In the data below, find each line containing the string "strip" and return it.
(Records for the exercise Opens)
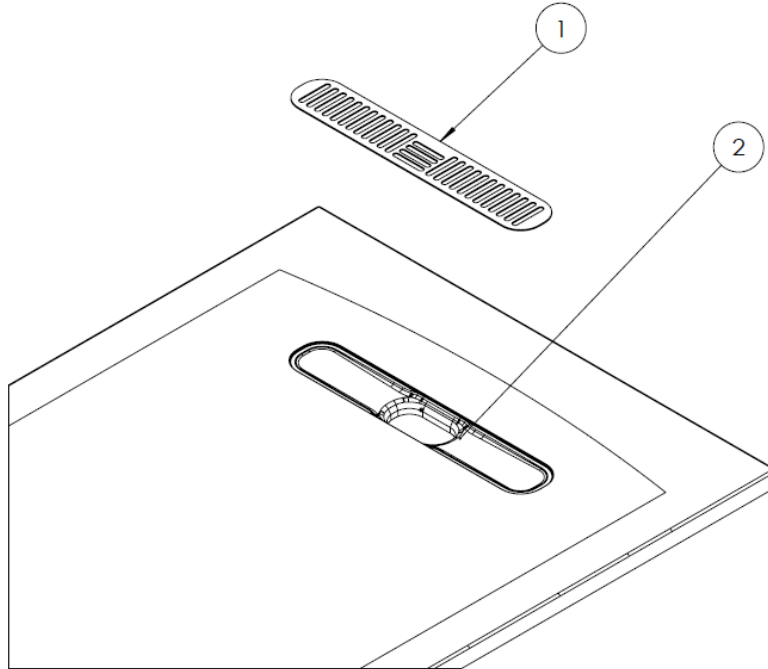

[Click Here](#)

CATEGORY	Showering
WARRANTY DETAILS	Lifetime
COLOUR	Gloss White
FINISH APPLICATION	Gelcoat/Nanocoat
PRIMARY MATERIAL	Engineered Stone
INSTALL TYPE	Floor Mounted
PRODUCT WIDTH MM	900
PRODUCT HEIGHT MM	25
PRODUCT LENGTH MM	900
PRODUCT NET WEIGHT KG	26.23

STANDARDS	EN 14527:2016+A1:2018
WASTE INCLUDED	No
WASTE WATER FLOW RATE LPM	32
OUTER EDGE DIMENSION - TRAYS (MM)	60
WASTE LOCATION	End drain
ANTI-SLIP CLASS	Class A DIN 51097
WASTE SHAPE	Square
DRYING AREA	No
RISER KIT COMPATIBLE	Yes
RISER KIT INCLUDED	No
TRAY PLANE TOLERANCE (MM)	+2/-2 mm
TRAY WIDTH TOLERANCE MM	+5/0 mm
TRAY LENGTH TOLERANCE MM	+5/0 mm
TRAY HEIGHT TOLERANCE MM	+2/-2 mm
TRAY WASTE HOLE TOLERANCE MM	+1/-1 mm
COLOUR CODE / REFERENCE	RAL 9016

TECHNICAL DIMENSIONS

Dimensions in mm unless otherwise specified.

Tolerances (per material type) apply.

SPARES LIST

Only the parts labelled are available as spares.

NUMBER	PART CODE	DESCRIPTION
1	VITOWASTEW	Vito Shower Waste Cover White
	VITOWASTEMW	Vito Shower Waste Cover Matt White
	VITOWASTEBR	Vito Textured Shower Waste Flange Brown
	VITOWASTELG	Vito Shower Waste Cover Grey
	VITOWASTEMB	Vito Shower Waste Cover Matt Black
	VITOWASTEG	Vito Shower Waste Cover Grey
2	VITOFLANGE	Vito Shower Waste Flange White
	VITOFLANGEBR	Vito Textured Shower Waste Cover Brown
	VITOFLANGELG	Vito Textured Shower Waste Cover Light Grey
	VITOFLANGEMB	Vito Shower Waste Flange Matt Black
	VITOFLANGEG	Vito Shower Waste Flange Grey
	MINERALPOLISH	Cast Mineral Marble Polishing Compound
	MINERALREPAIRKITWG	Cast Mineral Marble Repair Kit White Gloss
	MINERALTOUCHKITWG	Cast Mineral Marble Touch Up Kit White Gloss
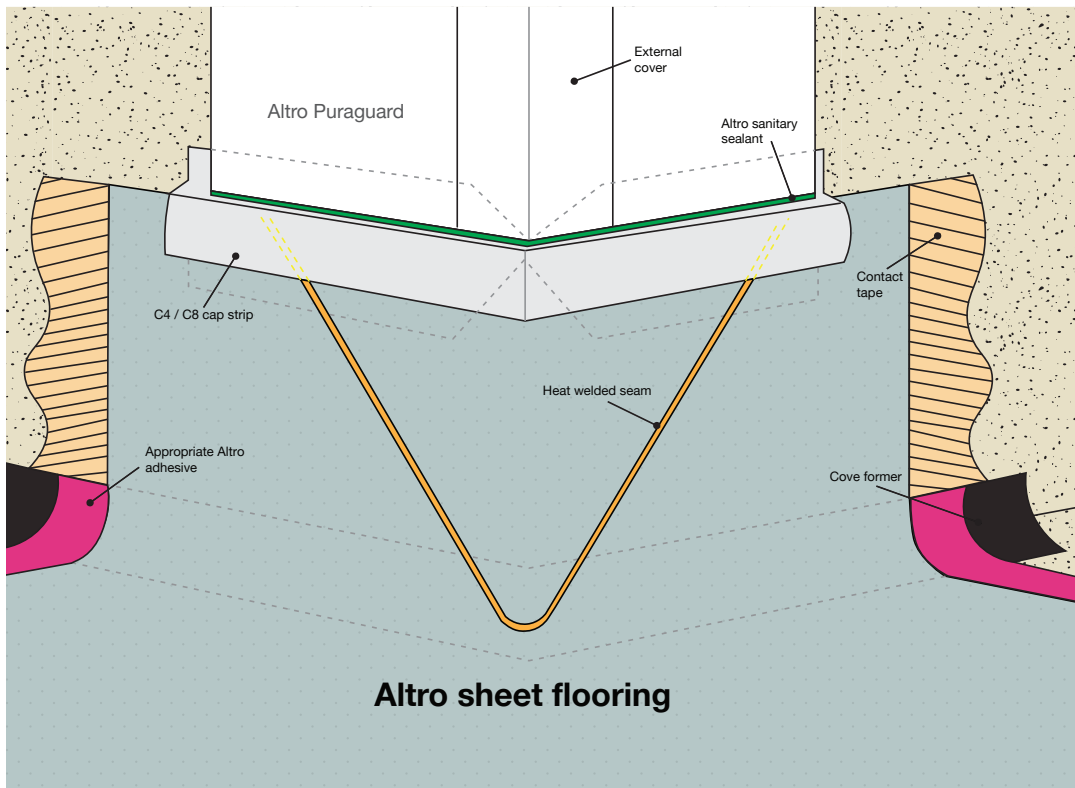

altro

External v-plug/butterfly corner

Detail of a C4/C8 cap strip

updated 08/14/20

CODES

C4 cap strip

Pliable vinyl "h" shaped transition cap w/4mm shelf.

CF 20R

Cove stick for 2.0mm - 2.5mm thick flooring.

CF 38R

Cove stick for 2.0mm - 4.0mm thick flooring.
(Records for the exercise Closes)
(Records for the exercise Opens)
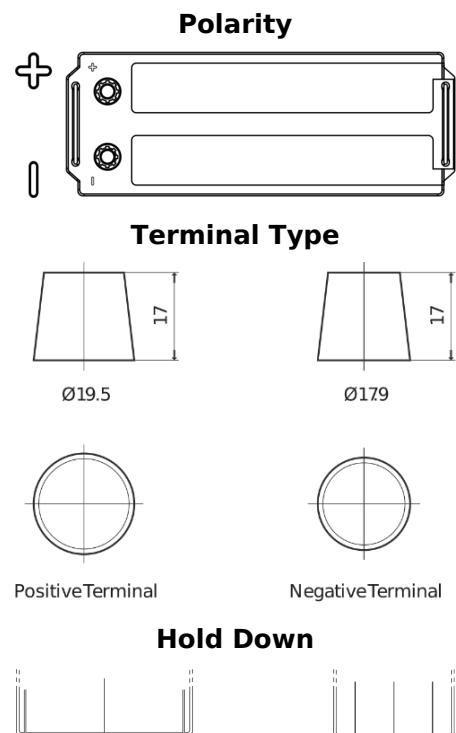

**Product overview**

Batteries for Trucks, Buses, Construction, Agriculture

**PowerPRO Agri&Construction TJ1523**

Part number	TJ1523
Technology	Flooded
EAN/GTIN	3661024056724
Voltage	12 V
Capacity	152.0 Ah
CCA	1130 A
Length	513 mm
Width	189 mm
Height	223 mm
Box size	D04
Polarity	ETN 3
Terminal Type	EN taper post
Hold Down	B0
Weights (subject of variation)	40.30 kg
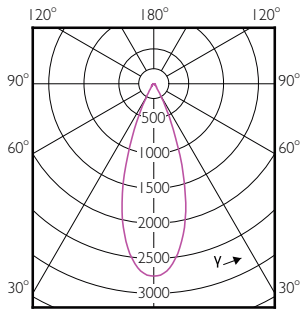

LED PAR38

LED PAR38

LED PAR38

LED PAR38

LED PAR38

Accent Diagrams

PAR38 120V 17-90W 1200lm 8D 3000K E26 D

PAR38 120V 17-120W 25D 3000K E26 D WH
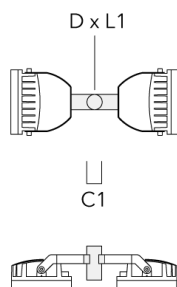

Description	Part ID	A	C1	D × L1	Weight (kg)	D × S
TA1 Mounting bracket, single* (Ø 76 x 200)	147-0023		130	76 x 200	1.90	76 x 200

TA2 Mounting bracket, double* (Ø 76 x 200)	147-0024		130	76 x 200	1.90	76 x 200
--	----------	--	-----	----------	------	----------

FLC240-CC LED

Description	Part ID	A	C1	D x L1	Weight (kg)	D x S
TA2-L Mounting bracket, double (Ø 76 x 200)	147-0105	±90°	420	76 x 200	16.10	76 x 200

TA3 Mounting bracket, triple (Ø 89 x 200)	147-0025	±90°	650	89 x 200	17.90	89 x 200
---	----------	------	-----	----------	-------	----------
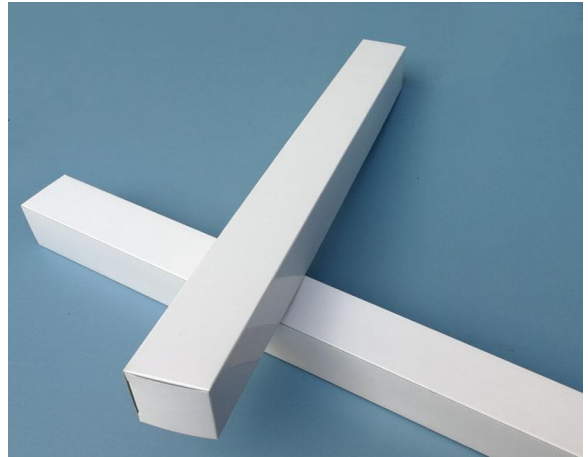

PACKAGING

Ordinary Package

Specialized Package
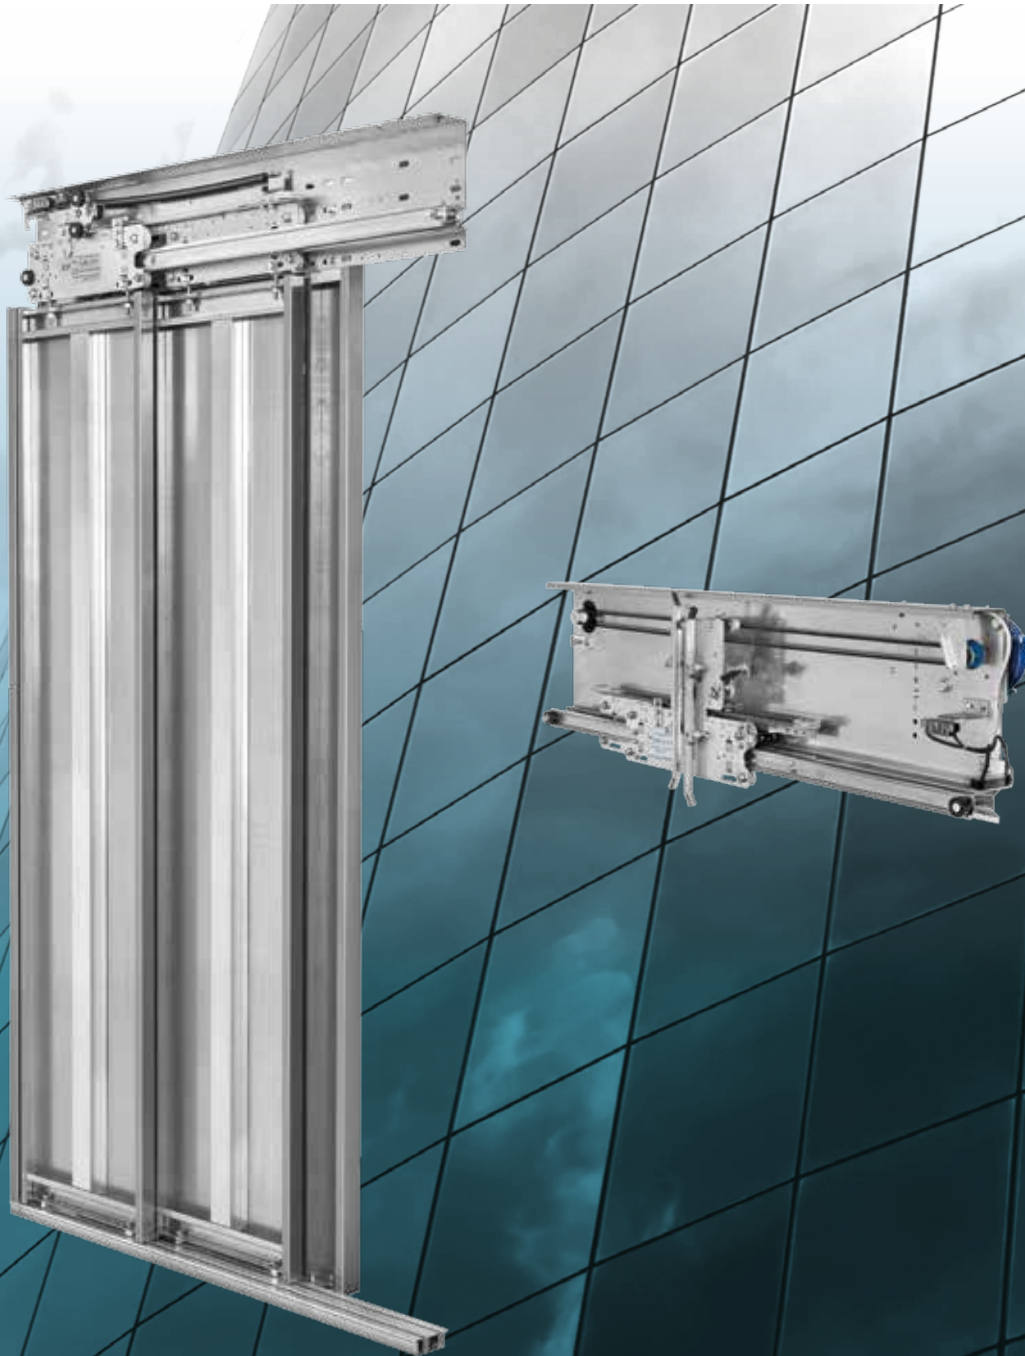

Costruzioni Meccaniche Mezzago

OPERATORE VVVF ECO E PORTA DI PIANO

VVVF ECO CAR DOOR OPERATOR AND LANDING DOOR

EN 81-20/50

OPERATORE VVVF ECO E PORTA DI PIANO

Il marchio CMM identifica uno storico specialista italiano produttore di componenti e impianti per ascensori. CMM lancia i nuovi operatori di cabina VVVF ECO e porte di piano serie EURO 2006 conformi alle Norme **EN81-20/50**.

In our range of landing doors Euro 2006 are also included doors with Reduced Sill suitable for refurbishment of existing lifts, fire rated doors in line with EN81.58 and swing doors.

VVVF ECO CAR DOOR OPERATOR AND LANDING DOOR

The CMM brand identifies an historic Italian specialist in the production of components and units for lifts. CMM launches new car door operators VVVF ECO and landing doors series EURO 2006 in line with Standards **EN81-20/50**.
(Records for the exercise Closes)
(Records for the exercise Opens)
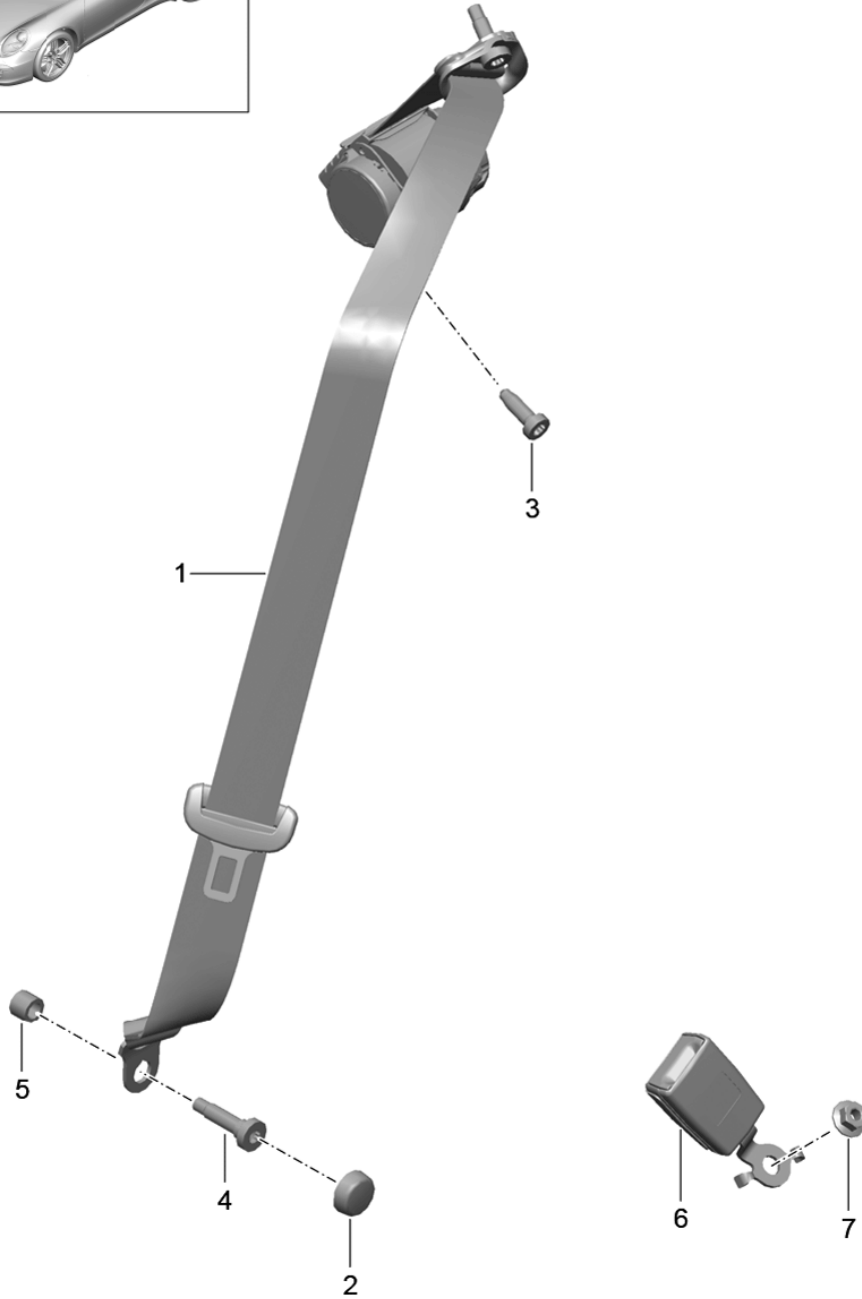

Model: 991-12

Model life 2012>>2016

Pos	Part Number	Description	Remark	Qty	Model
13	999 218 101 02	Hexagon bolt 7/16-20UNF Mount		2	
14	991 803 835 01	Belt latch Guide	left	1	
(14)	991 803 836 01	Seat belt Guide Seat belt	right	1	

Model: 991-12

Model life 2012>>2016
(Records for the exercise Closes)
**Answer to the problem:**
Detail of a C4/C8 cap strip
C4 cap strip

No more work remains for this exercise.